**WORK TO BE COMPLETED**.
For the data below, work out how many lines contain the word "Screw" and supply only that number.

SOURCE DATA: Begin

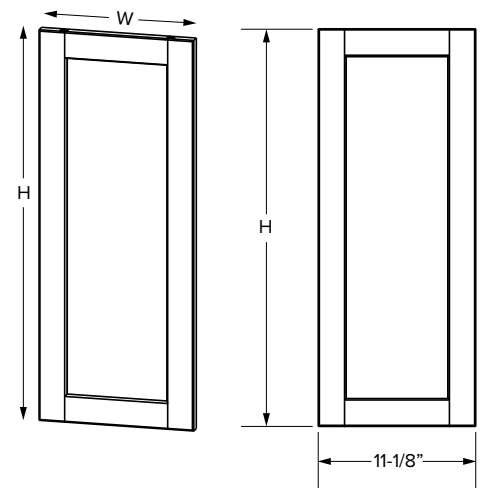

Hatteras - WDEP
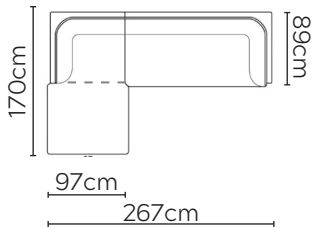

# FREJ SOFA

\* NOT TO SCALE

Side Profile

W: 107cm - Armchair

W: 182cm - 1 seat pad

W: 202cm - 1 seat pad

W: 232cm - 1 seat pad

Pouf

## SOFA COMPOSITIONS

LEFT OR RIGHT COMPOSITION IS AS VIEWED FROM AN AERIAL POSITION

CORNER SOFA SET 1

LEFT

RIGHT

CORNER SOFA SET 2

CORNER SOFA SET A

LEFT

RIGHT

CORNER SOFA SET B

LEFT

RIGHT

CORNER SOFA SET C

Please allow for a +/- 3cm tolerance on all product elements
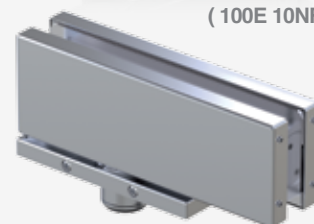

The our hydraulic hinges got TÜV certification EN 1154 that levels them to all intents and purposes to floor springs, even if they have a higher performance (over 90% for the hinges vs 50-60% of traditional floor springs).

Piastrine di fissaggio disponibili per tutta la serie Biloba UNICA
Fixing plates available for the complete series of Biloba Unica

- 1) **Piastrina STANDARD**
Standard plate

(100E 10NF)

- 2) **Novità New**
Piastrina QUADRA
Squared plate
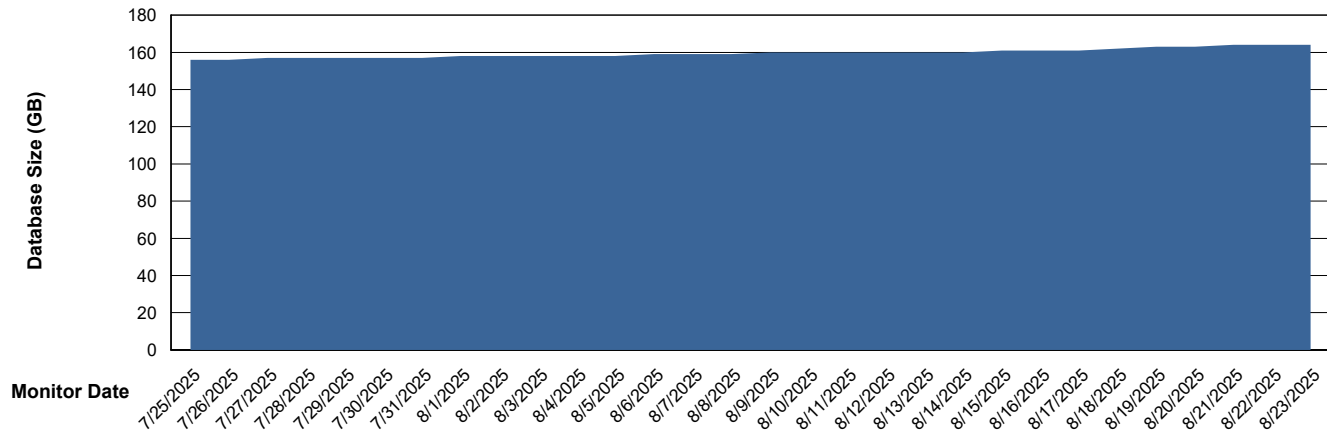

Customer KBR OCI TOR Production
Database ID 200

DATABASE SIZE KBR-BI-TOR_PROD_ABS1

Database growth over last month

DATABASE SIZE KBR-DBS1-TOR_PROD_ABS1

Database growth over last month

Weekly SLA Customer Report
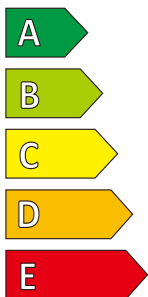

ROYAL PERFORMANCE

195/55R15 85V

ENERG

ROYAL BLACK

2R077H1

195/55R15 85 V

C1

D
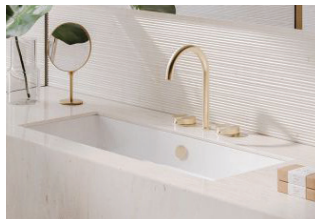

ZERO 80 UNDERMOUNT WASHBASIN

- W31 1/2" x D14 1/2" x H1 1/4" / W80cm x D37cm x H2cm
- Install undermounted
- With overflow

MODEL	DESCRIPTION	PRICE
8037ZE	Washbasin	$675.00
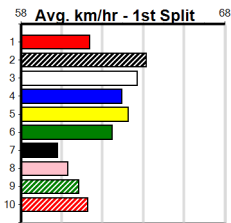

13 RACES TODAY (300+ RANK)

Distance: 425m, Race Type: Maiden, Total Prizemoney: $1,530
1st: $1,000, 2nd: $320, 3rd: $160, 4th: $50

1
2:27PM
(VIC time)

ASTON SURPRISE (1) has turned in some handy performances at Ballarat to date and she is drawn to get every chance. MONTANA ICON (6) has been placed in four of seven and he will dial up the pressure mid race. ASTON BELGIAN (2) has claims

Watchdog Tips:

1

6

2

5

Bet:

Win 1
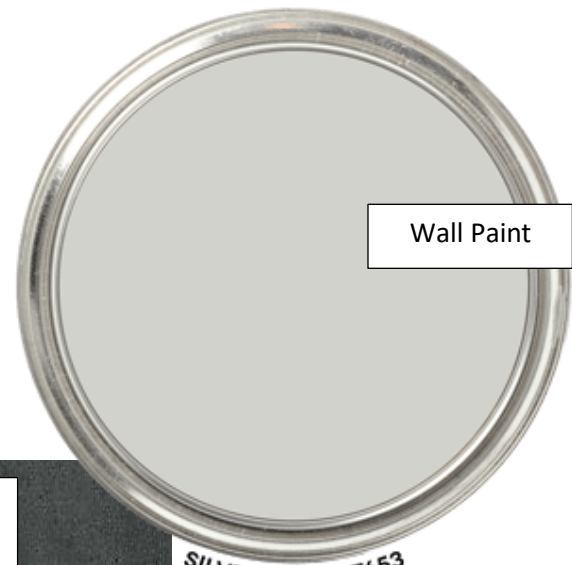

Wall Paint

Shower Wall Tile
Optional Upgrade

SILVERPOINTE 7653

SOURCE DATA: End
SOURCE DATA: Begin

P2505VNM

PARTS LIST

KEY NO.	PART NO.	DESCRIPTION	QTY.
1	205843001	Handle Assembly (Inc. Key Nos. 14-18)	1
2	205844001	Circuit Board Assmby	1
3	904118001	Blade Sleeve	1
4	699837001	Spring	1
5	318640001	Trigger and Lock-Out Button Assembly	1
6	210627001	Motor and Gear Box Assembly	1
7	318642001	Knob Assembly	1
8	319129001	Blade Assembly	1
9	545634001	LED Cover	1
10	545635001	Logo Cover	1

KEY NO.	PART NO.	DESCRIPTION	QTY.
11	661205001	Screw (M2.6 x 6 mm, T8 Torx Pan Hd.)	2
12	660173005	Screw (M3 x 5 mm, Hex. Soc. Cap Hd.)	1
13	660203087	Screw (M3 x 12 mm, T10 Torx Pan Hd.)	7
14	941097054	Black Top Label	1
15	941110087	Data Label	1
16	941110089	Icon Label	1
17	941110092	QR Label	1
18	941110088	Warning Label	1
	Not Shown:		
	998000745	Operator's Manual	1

SOURCE DATA: End

**OUTPUT OF THE TASK**.
3